Firstly, though, let's understand some of the water chemistry happening in an aquaponic system. The pH of a system is recommended at 6-7. This differs from the recommended pH for a hydroponic system (5.5-6) because aquaponics is a living system. In aquaponics, the pH must be a compromise between fish, plants, and bacteria. Bacteria and fish prefer slightly basic conditions, while plants prefer more acidic conditions. Nitrates, Nitrites, Ammonia/Ammonium are also present. These are measured in a unit called Parts Per Million or PPM, which is equivalent to mg/L. Nitrates are taken by plants as usable Nitrogen for proteins, so a sign of a healthy system (well-balanced) is a Nitrate level of around, but over, 0mg/L, but Nitrates can safely rise to well over 500mg/L for tilapia species.   However, ammonia, ammonium, and nitrites should never rise beyond around 5mg/L for the sake of the fish.
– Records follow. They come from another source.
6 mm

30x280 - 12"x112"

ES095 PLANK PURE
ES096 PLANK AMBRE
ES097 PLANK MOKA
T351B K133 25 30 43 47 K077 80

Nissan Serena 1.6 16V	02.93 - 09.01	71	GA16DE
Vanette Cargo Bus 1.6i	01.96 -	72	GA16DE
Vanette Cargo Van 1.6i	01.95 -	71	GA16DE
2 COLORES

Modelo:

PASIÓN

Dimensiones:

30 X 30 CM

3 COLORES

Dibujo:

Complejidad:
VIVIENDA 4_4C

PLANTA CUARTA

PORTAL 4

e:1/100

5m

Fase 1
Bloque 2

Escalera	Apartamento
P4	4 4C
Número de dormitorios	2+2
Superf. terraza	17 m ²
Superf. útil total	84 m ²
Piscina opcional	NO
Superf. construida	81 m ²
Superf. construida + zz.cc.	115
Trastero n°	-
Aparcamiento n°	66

Even then, it's a crisis in your bacteria colony. 

The pH, however, will be what is dealt with most directly in a choice of medium. A high carbonate medium, limestone and marble, will raise your system's pH to a level that "locks out" iron for plant use. The cause for this stability in pH (at a high pH) is something called a "buffer". A buffer is a conjugate acid base pair, such as H2CO3 and HCO3-. The first is Carbonic Acid--the acid responsible for ocean acidification as CO2 levels rise in the atmosphere. Carbonic Acid is in a equilibrium with the bicarbonate ion. This means the levels don't change between them, even as the reaction is happening (the rates of reaction between them are the same). Carbonic Acid is produced by fish breathing out CO2 through their gills. This CO2 gets dissolved and turns into Carbonic Acid. When you add excess CO3 or HCO3 in your medium, you are causing the reaction to deplete the reserves of hydronium ions (H3O-) which is responsible (along with OH-) for changes in pH. Therefore, it will take a lot of H+ (produced by your bacteria) to get rid of all that base. In the meantime, your pH will be nearly stable--over 7 for this substance. 
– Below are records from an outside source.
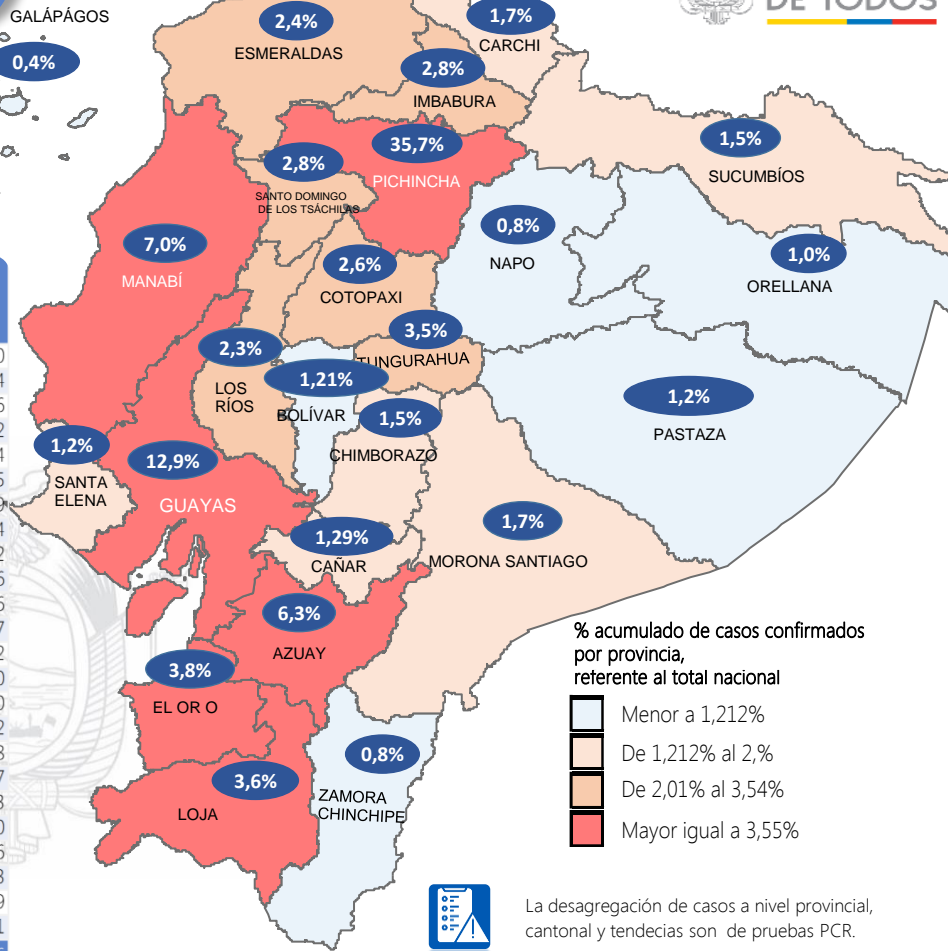

*Detalle de fallecidos

Confirmados	Probables	Total
9.386	4.546	13.932

***Fallecidos por Covid-19:** corresponde a los fallecidos confirmados con una prueba RT-PCR positiva, fallecidos probables que son las personas con síntomas, otras pruebas de laboratorio o imagen relacionados a Covid-19, sin una prueba RT-PCR.

Provincia	Confirmados por RT-PCR	Fallecidos confirmados por RT-PCR	Fallecidos probables
Azuay	12.890	220	20
Bolívar	2.474	71	14
Cañar	2.635	99	6
Carchi	3.436	116	2
Chimborazo	3.028	344	124
Cotopaxi	5.367	306	65
El Oro	7.819	559	199
Esmeraldas	4.977	237	54
Galápagos	862	4	2
Guayas	26.354	1.855	1.686
Imbabura	5.734	214	16
Loja	7.318	245	47
Los Ríos	4.750	361	242
Manabí	14.212	1.265	1.060
Morona Santiago	3.461	35	0
Napo	1.610	75	2
Orellana	2.101	53	18
Pastaza	2.366	61	17
Pichincha	72.957	2.017	273
Santa Elena	2.476	383	280
Sto. Domingo Tsáchilas	5.763	373	116
Sucumbíos	2.962	98	3
Tungurahua	7.061	340	299
Zamora Chinchipe	1.636	55	1
Total general	204.249	9.386	4.546

A fin de facilitar la lectura del indicador "casos fallecidos" y proporcionar la información desagregada por provincias se desglosa el número de fallecidos con Covid-19 confirmados por una prueba RT-PCR y los fallecidos probables con Covid-19.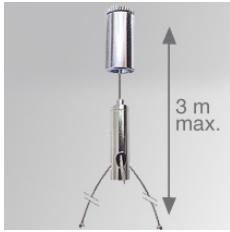

MINI DUELAMP

9608603

ACC. Y 250MM STEEL CABLE NK.

Description:

Accessoire pour luminaires modèles ACC. Y 250MM STEEL CABLE NK. de la marque LAMP. Type suspension en Y de 250mm entre les extrémités et avec un câble d'acier réglable jusqu'à 3000 mm de long.

Dimensions: Ø 15 mm x 31 mm **Poids:** 80 g

Installation:

SPÉCIFICATIONS TECHNIQUES:

OPTIONS PERSONNALISABLES:

9608603

ACC. Y 250MM STEEL CABLE NK.

DONNÉES PHOTOMÉTRIQUES :

This is, in fact, the reason why most systems that end up failing fail. There's nothing you can do about it other than the options above. However, there is a way to prevent this from happening to you, and it's simple! You could pay for a high-quality, inert, medium such as clay pebbles, expanded shale, etc.; or you can do the "fizz-test". First pointed out to me by TCLynx on the Aquaponics Community , it's a way of determining whether the gravel you are buying has carbonates in it--pour a cheep, weak acid on it. Usually, acetic-acid (vinegar) is used, because it's cheep and can be found anywhere. I personally think HCl would be more fun, but to each their own. If it, well, fizzes, then DON'T buy it. If it stays inert, feel free to order it--gravel is usually cheaper than other mediums.

In my opinion, gravel and water is the best media combination. One gravel bed and a few deep water culture grow-beds. But, that truly is a point of prejudice, not scientific fact.